SUPPLIED INFORMATION →
= Beginning of Section =
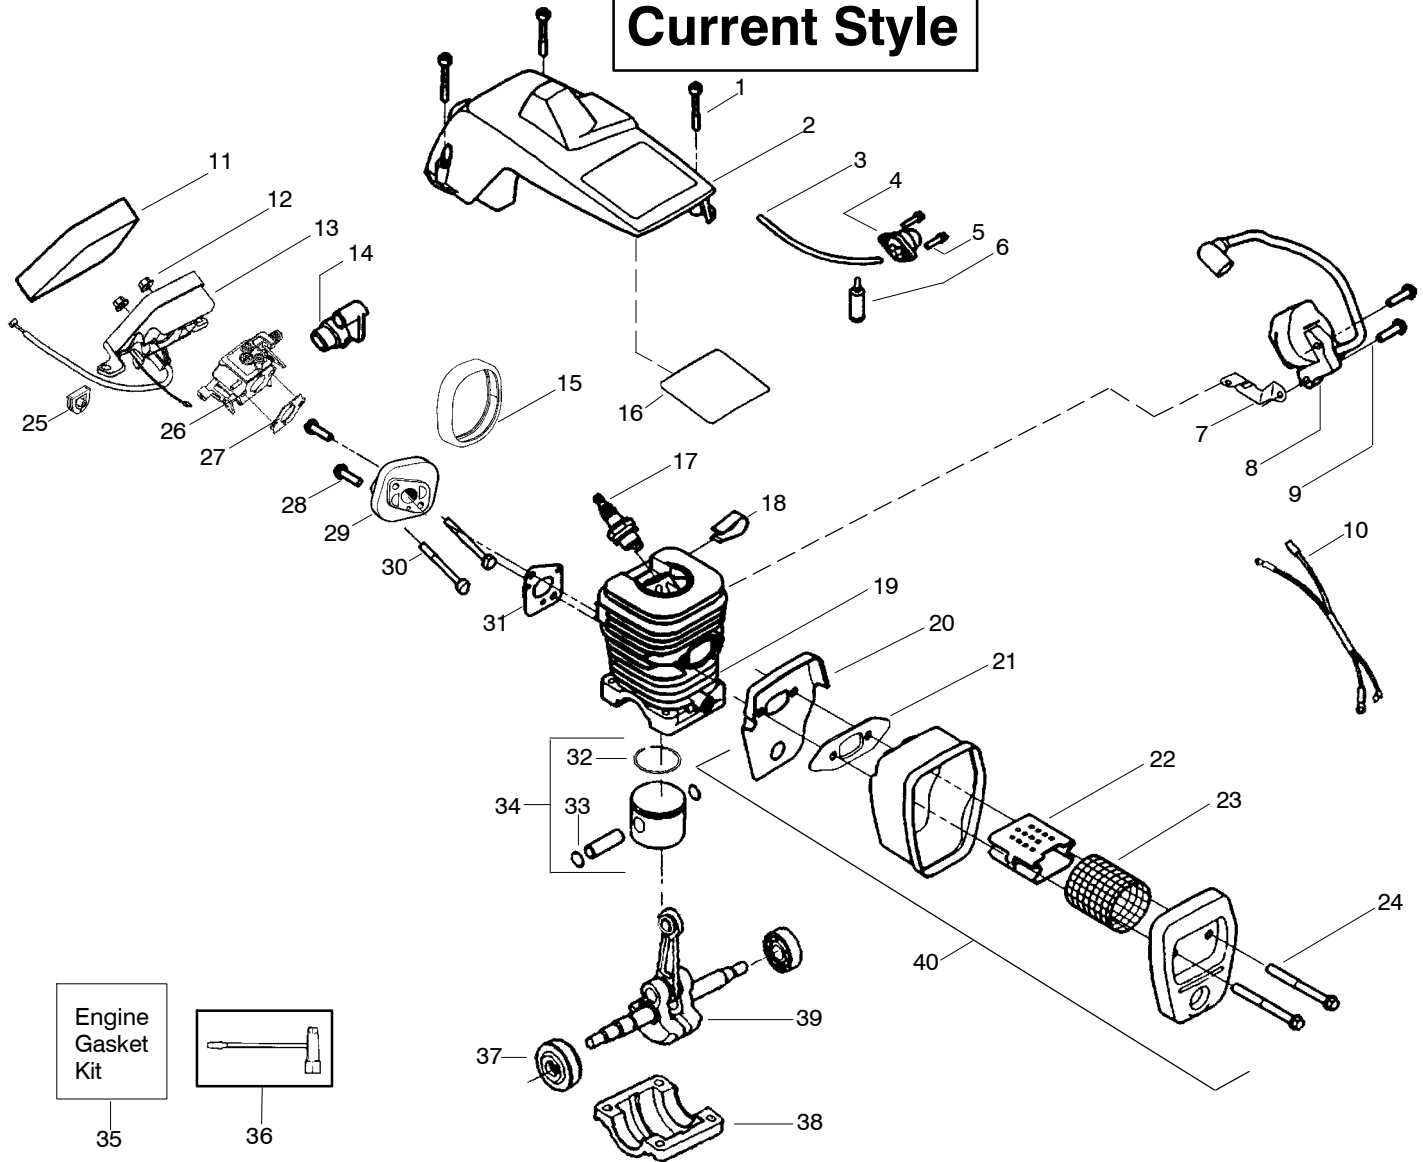

Current Style

Ref.	Part No.	Description	Ref.	Part No.	Description	Ref.	Part No.	Description
1.	530016153	Screw	19.	530012550	Cylinder	35.	530069608	Kit-Engine Gasket (Incl. 21, 27 & 31)
2.	530056914	Assy-Cylinder Shield (includes # 16)	20.	530049870	Backplate-Muffler	36.	530031135	Bar Wrench
3.	530069247	Kit-Fuel Line (Small)	21.	530069608	Gasket-Muffler(kit)	37.	530056363	Assy-Seal & Bearing
4.	530071835	Kit-Purge Bulb (incl. #5)	22.	530037813	Diffuser-Muffler	38.	530037935	Cap-Crankcase
5.	530015780	Screw	23.	530036103	Screen-Spark	39.	530047062	Assy-Crankshaft
6.	530095646	Assy-Fuel Pick-up	24.	530016132	Bolt-Muffler	40.	530047207	Assy-Muffler (Incl. 20-24)
7.	530047442	Strap-Ground	25.	530047631	Grommet-Throttle Cable			
8.	530039198	Ignition Module	26.	---	Kit-Carburetor			
9.	530015814	Screw		530071820	Zama (W-20)			
10.	530057475	Assy-Wire Harness		530071821	Walbro (WT-662)			
11.	530037793	Foam-Air Filter	27.	530069608	Gasket-Carb. (kit)			
12.	530016101	Nut	28.	530016386	Screw			
13.*	530057702	Assy-Air Box	29.	530049700	Carb. Adaptor			
14.	530035526	Grommet-Carb Adjust	30.	530016187	Screw			
15.	530054144	Seal-Carb Adapter	31.	530069608	Gasket-Adaptor(kit)			
16.	530055698	Reflector-Heat	32.	530038729	Ring-Piston			
17.	952030150	Spark Plug (RCJ-7Y)	33.	530015697	Retainer-Piston Pin			
18.	530016136	Clip-High Tension Lead	34.	530071408	Kit-Piston (Incl. 30 & 31)			

↗ = NEW PART NUMBER FOR THIS IPL

* = REFER TO THE SERVICE REFERENCE INDICATED FOR MORE INFORMATION. (LOCATED AT END OF IPL)
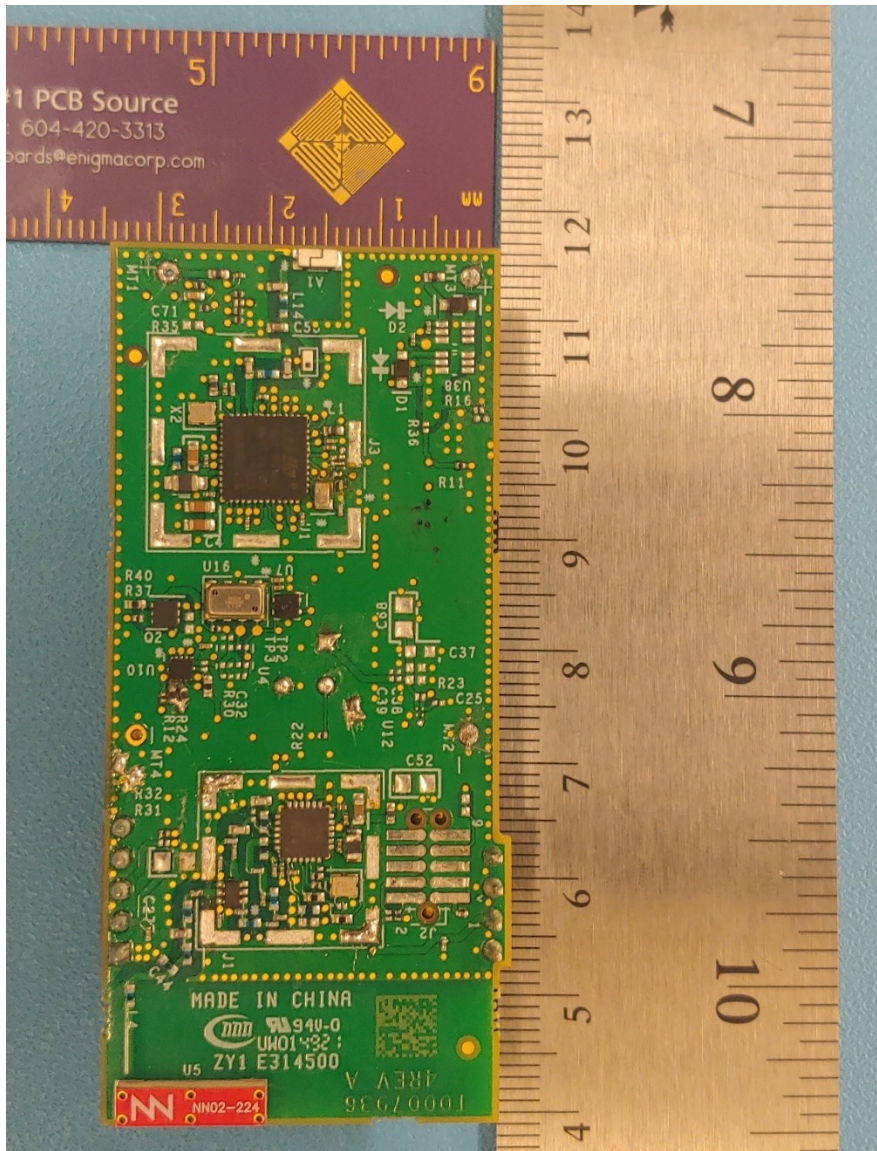

EUT Internal

FCC ID: 2ALEPT0007805

Photo IC: 22504-T0007805

T0007838 (Breeze Model) PCBA Bottom without Shield (Crystal Variant)

EUT Internal

FCC ID: 2ALEPT0007805

Photo IC: 22504-T0007805

T0007838 (Breeze Model) PCBA Bottom without Shield (TCXO Variant)

EUT Internal

FCC ID: 2ALEPT0007805
Photo IC: 22504-T0007805
T0007848 (Vivid+ Model) Battery Cover Open

EUT Internal

FCC ID: 2ALEPT0007805
Photo IC: 22504-T0007805
T0007848 (Vivid+ Model) Inside Enclosure (No Battery)
= End of Section =
DIRECTIONS FOR THIS TASK → Can you restate all the records above word for word while dropping the pictures?

WRITTEN RESPONSE →
Current Style

Ref.	Part No.	Description	Ref.	Part No.	Description	Ref.	Part No.	Description
1.	530016153	Screw	19.	530012550	Cylinder	35.	530069608	Kit-Engine Gasket (Incl. 21, 27 & 31)
2.	530056914	Assy-Cylinder Shield (includes # 16)	20.	530049870	Backplate-Muffler	36.	530031135	Bar Wrench
3.	530069247	Kit-Fuel Line (Small)	21.	530069608	Gasket-Muffler(kit)	37.	530056363	Assy-Seal & Bearing
4.	530071835	Kit-Purge Bulb (incl. #5)	22.	530037813	Diffuser-Muffler	38.	530037935	Cap-Crankcase
5.	530015780	Screw	23.	530036103	Screen-Spark	39.	530047062	Assy-Crankshaft
6.	530095646	Assy-Fuel Pick-up	24.	530016132	Bolt-Muffler	40.	530047207	Assy-Muffler (Incl. 20-24)
7.	530047442	Strap-Ground	25.	530047631	Grommet-Throttle Cable			
8.	530039198	Ignition Module	26.	---	Kit-Carburetor			
9.	530015814	Screw		530071820	Zama (W-20)			
10.	530057475	Assy-Wire Harness		530071821	Walbro (WT-662)			
11.	530037793	Foam-Air Filter	27.	530069608	Gasket-Carb. (kit)			
12.	530016101	Nut	28.	530016386	Screw			
13.*	530057702	Assy-Air Box	29.	530049700	Carb. Adaptor			
14.	530035526	Grommet-Carb Adjust	30.	530016187	Screw			
15.	530054144	Seal-Carb Adapter	31.	530069608	Gasket-Adaptor(kit)			
16.	530055698	Reflector-Heat	32.	530038729	Ring-Piston			
17.	952030150	Spark Plug (RCJ-7Y)	33.	530015697	Retainer-Piston Pin			
18.	530016136	Clip-High Tension Lead	34.	530071408	Kit-Piston (Incl. 30 & 31)			

↗ = NEW PART NUMBER FOR THIS IPL

* = REFER TO THE SERVICE REFERENCE INDICATED FOR MORE INFORMATION. (LOCATED AT END OF IPL)

EUT Internal

FCC ID: 2ALEPT0007805

Photo IC: 22504-T0007805

T0007838 (Breeze Model) PCBA Bottom without Shield (Crystal Variant)

EUT Internal

FCC ID: 2ALEPT0007805

Photo IC: 22504-T0007805

T0007838 (Breeze Model) PCBA Bottom without Shield (TCXO Variant)

EUT Internal

FCC ID: 2ALEPT0007805
Photo IC: 22504-T0007805
T0007848 (Vivid+ Model) Battery Cover Open

EUT Internal

FCC ID: 2ALEPT0007805
Photo IC: 22504-T0007805
T0007848 (Vivid+ Model) Inside Enclosure (No Battery)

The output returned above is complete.